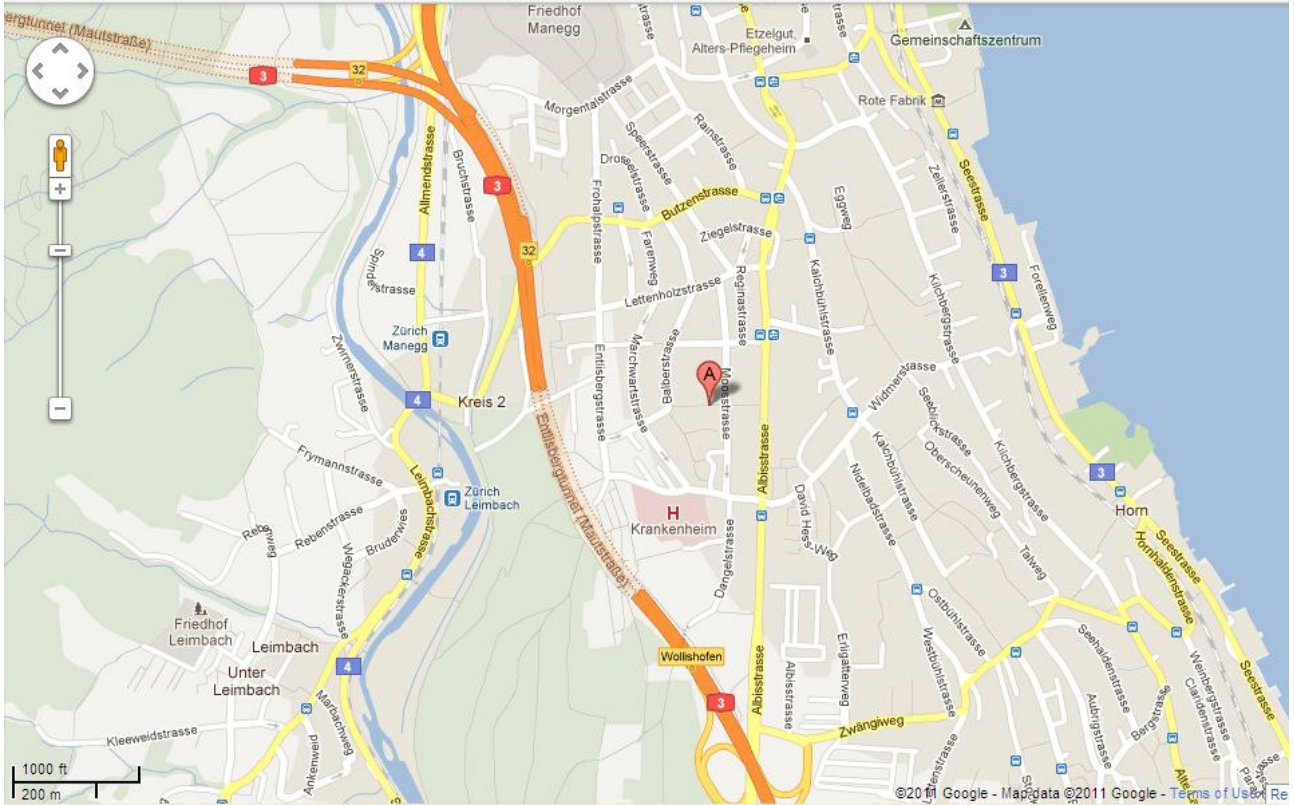

Schachverein Zürich-Wollishofen

Einladung zum Jubiläums-Rapid-Turnier - 90 Jahre SVW

Datum	Sonntag, 30. Juni 2024
Spielort	Zentrum Hauriweg, grosser Saal, Hauriweg 19, 8038 Zürich (Übersichtskarte siehe folgende Seite)
Spielmodus	Es werden 7 Runden nach Schweizer System gespielt. Fischer-Modus: je Spieler und Partie 10 Min. + 5 Sek. je Zug ab Partiebeginn. Es gelten die FIDE-Rapid Regeln.
Zeitplan	Anwesenheitskontrolle 10.00 - 10.30 Uhr für alle Teilnehmenden 1. Runde: 10.45 Uhr, Preisverteilung ca. 17.00 Uhr
Teilnahme	Das Turnier ist offen für jedermann. Der Turniereinsatz beträgt CHF 30 für Erwachsene und CHF 20 für Junioren bis Jahrgang 2004. Zahlbar bis am 26. Juni 2024 .
Anmeldung	Online bis spätestens 26. Juni 2024 auf https://svwollishofen.clubdesk.com/turniere Startliste auf chess-results
Preise	CHF 300/200/150/100/50/50, beste Dame: 100, unter 2000 Elo: 100 unter Elo 1800/1600/1400/1200/ohne Elo je 50. Nur ein Geldpreis je Teilnehmer! Pokale für die besten Jugendlichen U10/U12/U14/U16
Verpflegung	Ein Kiosk mit Getränken, Snacks, Kuchen etc. ist offen ab 10.00h. Ab 12:00 Uhr Grillwürste (Fleisch und Vegan) mit Kartoffelsalat (CHF 10, für teilnehmende Jugendliche gratis!)
Auskünfte	Per E-mail bei georg@kradolfer.info
Zahlung	An IBAN: CH11 0900 0000 8003 9312 0 Konto lautend auf Schachverein Wollishofen, Moosstrasse 80, 8038 Zürich Bitte unbedingt Name, Vorname des Teilnehmenden und bei Jugendlichen Jahrgang angeben!

Anreise vom Hauptbahnhof Zürich: Von der Station Bahnhofstrasse fährt das Tram 7 alle 10 Minuten Richtung Wollishofen. Das Zentrum Hauriweg befindet sich 5 Gehminuten von der Tramendstation ‚Wollishoferplatz‘ der Linie 7.

Mit dem Auto die Autobahnausfahrt Wollishofen nehmen und dann Richtung Zürich fahren.

Achtung viele Einbahnstrassen!

Einige wenig Parkplätze finden sich beim Zentrum Hauriweg. In den nahen Quartierstrassen (Blaue Zone am Sonntag kostenlos) finden sich weitere.

Runde 7 16:00

Preisverteilung ca. 17:00
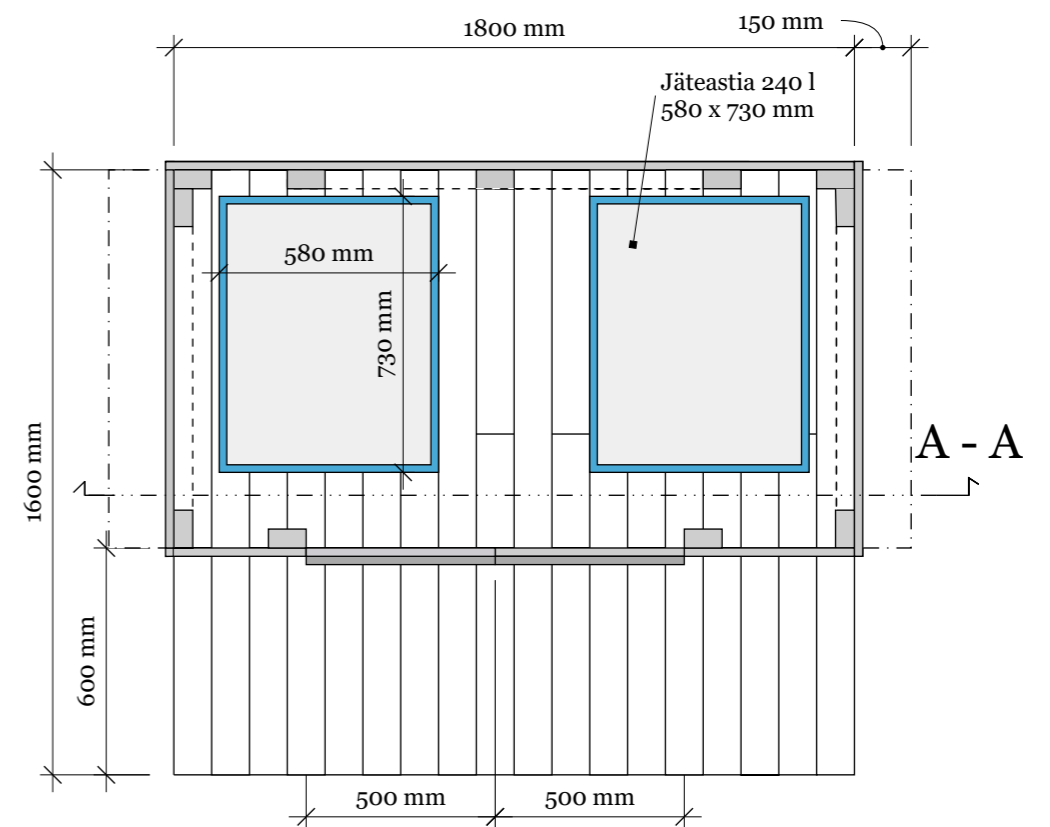

Leikkaus A - A

Seinän vuoraus
1:5

Maitolaituri jätekatos
Pohja ja leikkaus 1:20

Euroopan maaseudun
kehittämisen maatalousrahasto:
Eurooppa investoi maaseutualueisiin

Vasara ja nauvoja -hanke

REVISIONS		
	MM/DD/YY	REMARKS
1	12/02/2024	HR
2	---/---/---	...
3	---/---/---	...
4	---/---/---	...
5	---/---/---	...
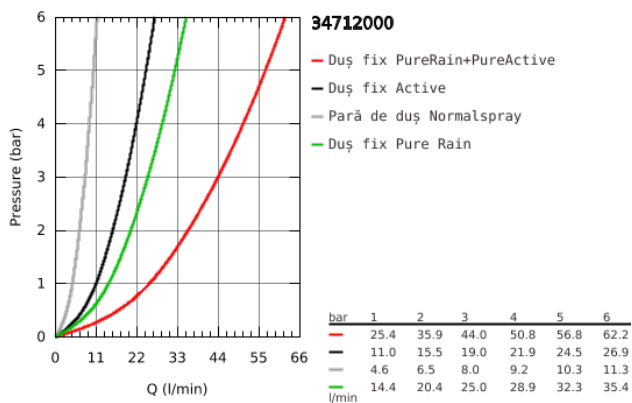

34 712 000 SMARTCONTROL SET IDEAL DE DUȘ

DESCRIEREA PRODUSULUI

- Colour: cromat
- compus din:
- unitate încastrată cu 3 valve
- SmartControl set pentru instalarea finală
- (29 149 000)
- GROHE Rapido SmartBox (35 600/35 604)
- Sistem de duș Rainshower SmartActive 310 Cube (26 479), care include duș fix cu 2 tipuri de jet, braț de duș orizontal de 400 mm și unitate încastrată pentru duș fix (26 483 000)
- pară de duș Euphoria Cube Stick (27 698)
- Suport de perete Euphoria Cube pentru para de duș (26 370 000)
- furtun de duș Silverflex 1.500 mm (28 364)

34 712 000 SMARTCONTROL SET IDEAL DE DUȘ
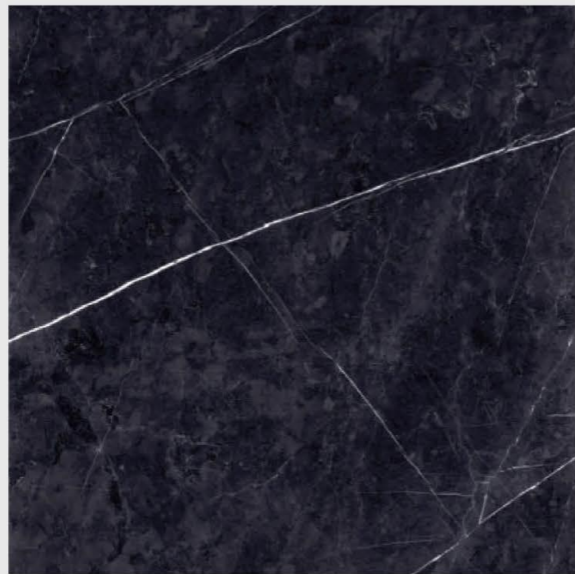

# OPERA CHOCO

Size :  
**800X800 MM**

Surface :  
**High Gloss**

Random :  
**03**

**AQLU**  
CERAMIC

[www.aqluceramica.com](http://www.aqluceramica.com)
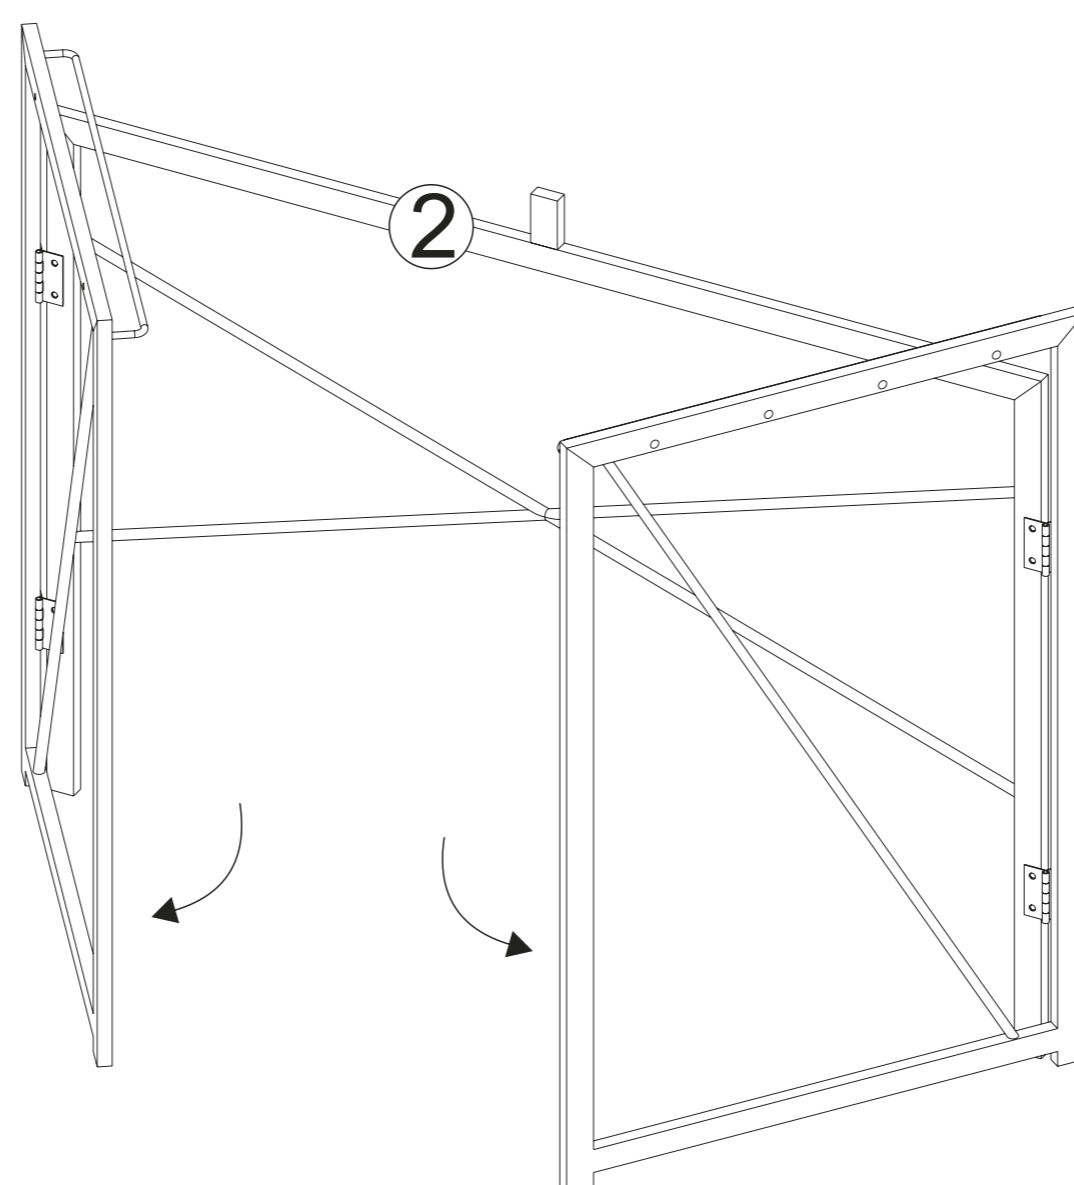

# Escritorio Plegable Dive 100 cm

<b>A</b>  ST3.5x14mm 8pcs	<b>B</b>  4pcs	<b>C</b>  M6x12mm 2pcs
<b>D</b>  4pcs	 1pcs	

**1**

Ax8	Bx4
	

**2**
======
#### [Assigned task]
Say how many lines of the entries above hold the string "Zentrum", and say nothing besides the number.

#### [Result]
3